Algunas acciones, reclamos y peticiones de los grupos movilizados


Las denuncias de las comunidades warao hacen honor a la complejidad de la problemática generada por la industria petrolera: desde la falta de servicios –principalmente problemas con el acceso a agua de calidad–, hasta el desempleo, pasando por el caso de la trata de mujeres y la prostitución, la aparición de enfermedades, falta de medicamentos, entre otros factores que se registran casi invariablemente en conversaciones, entrevistas y testimonios (Bustamante y Scarton, 1999, en DiChiro, 1999; Pocaterra, s.f.). El informe ‘La Cara Oscura de la Apertura Petrolera’ realizado por la Red Alerta Petrolera enfatiza el tema de la gestión de desechos por parte de la British Petroleum (Bustamante y Scarton, 1999, en DiChiro, 1999). En el informe de 1999 realizado por la Comisión de Ambiente y Ordenación Territorial de la Cámara del Senado, se solicita la paralización de las actividades de la BP en Pedernales hasta que se hiciera una evaluación de los impactos que se habían producido. También se solicita la interpelación de los funcionarios del Ministerio del Ambiente que estarían involucrados en la gestión de la permisología –dados los estudios de impacto ambiental en la zona– y en la derogación y flexibilización de un decreto sobre el manejo de desechos peligrosos, especialmente de desechos producto de la perforación; y de las empresas encargadas del manejo de desechos. Se solicitó también el análisis del contenido de los desechos arrojados y la evaluación de salud de la población trabajadora e indígena, además de planes de emergencia sanitaria e inspección de los campamentos petroleros. Destaca en este informe, la solicitud de evaluaciones ambientales basadas en los instrumentos legales existentes (Bustamante y Scarton, 1999, en DiChiro, 1999). En el Tercer Congreso Indígena Warao se trató el tema del vertiginoso deterioro de la vida de los pueblos warao (Gutiérrez, 1997) y de allí emanaron las solicitudes para detener la actividad petrolera en el Delta, y que se crearan comisiones para evaluar y resarcir los daños ocasionados hasta el momento. Se solicitó también la creación de una comisión conformada por varias organizaciones para evaluar la situación de mujeres y niñas violentadas.

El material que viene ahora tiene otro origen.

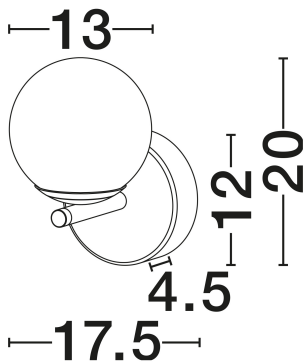

NOVA LUCE

PRODUCT DATASHEET

Version: 001

PRODUCT PHOTOGRAPH

TECHNICAL DRAWING

GENERAL INFORMATION

Product Code	9061439
Collection	Indoor
Product Category	Wall
Product Family	Nuvole
Mounting Location	Wall
Application Environment	Indoor
Specifications	N/A

DIMENSION & WEIGHT

LxWxH (cm)	L: 17.5 W: 13 H: 20
Cut Out (cm)	N/A
Weight (Kgr)	0.56

MATERIAL & COLOR

Product Color	Opal & Sandy Black
Body Material	Glass & Aluminium

APPLICATION & MOUNTING

Ambient Working Temp.	Max 45°C
Type of Protection	IP20
Dimmable	No
Type of Dimming	N/A
Mounting type	Surface
Mounting Depth (cm)	N/A
Led Module Replaceable	No
Light Source	LED

Power (Nominal)	8W
Input voltage (Nominal)	220-240V
Mains Frequency	50/60Hz

PHOTOMETRICAL DATA

Luminous Flux	400lm
Color Temperature	3000K
Light Color (Designation)	Warm White

WARRANTY

Warranty	3 Years
----------	----------------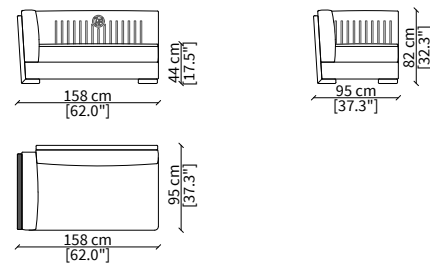

cod. VF51502P

Terminale 158 cm / Terminal 158 cm

Backrest: plain; armrest: interlaced effect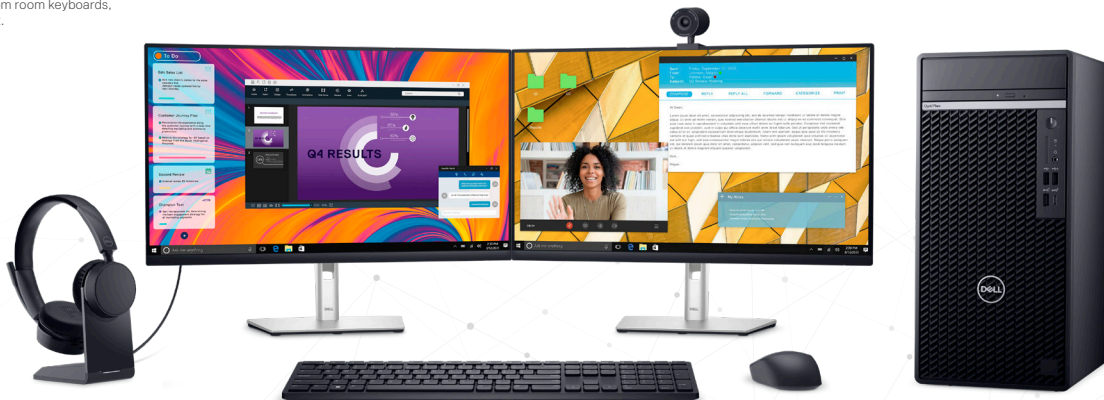

PERSONALIZED PRODUCTIVITY SOLUTIONS

Stay focused on a 27-inch QHD monitor optimized to deliver high performance details and clarity.

Take your work to new heights with this 23.8-inch FHD monitor featuring brilliant color coverage, ComfortView Plus, USB-C and Ethernet connectivity.

Multi-task seamlessly across 3 devices, featuring programmable shortcuts and 36 months battery life.

Enhance your everyday productivity with a quiet full-size keyboard and mouse combo that offers programmable shortcuts and up to 36 months battery life.

Dell Slim Conferencing
Soundbar - SB522A

Experience clear conferencing and reduced background noise, with this intelligent MS Teams-certified soundbar.*

*Based on Dell analysis of publicly available information of competitive personal zoom room keyboards, August 2022.

Experience industry leading video quality and picture clarity in any lighting with this intelligent 2K QHD webcam.

Collaborate with ease anywhere with this Teams certified wireless headset which offers active noise cancellation and smart sensors that automatically mute and unmute your call.

Thermally tested design offers an easy to install and attractive way to manage cables and secure ports.

PERSONALIZED PRODUCTIVITY SOLUTIONS

Igualmente se manifestó la necesidad de concretar la demarcación de tierras y definir la titularidad de las mismas.

Intensidad del conflicto


Baja, con tendencia la latencia

¿Este conflicto ha terminado?


No

Impactos ambientales


Bustamante y Scarton (1999, en DiChiro, 1999) refieren sobre su visita de inspección realizada en 1998 que habían grandes infraestructuras producto de la actividad de exploración que habían sido abandonadas por la British Petroleum. Expresan particular impresión por las explosiones, derrames y disposición de desechos contaminantes en fosas y al aire libre, especialmente a las orillas del caño Manamo. Se registra contaminación con desechos químicos que incluyen metales pesados y material radiactivo, contaminación de las aguas dada la carencia de manejo de aguas de desecho y disposición de ripios al aire libre. El daño reportado es considerable e involucra flora y fauna marina y alteración del paisaje. Estas alteraciones trastornaron la vida de una cantidad importante de especies de peces, crustáceos e invertebrados que además eran vitales para la economía de la región. También se vio afectada la vida de aves, reptiles y mamíferos, así como de especies vegetales. Toda esta biota resultaba única por las características de la zona deltaica (Lasso et al, 2004). El área es imprescindible para garantizar la reproducción de especies de agua dulce y oceánica, permitir el descanso de aves migratorias y el régimen de mareas (afectado por la remoción del fondo marino y la alteración del flujo de los caños) que regulan la biota acuática.

Impactos en la salud


Especialmente la contaminación de las aguas y las deficiencias en la gestión de los desechos produjeron altos impactos en la salud de la población. Ha de tomarse en cuenta que los desechos petroleros contienen metales pesados e incluso materiales radiactivos. Además de esto, la circulación migratoria producto de la construcción y de la industria petrolera en sí llevó a la aparición de enfermedades desconocidas para la población warao y para las cuales no contaban con tratamientos. De estas situaciones de salud, quizá la más patente es la del VIH cuyos niveles se han incrementado hasta ser considerada como una epidemia (Vitti, 2015). Además de esto, los cambios en los modos de siembra y propiamente de los patrones de alimentación por los desplazamientos y la relación con nuevos esquemas culturales generan afectaciones de orden nutricional lo que disminuye la eficiencia del sistema inmunológico y metabólico de la población.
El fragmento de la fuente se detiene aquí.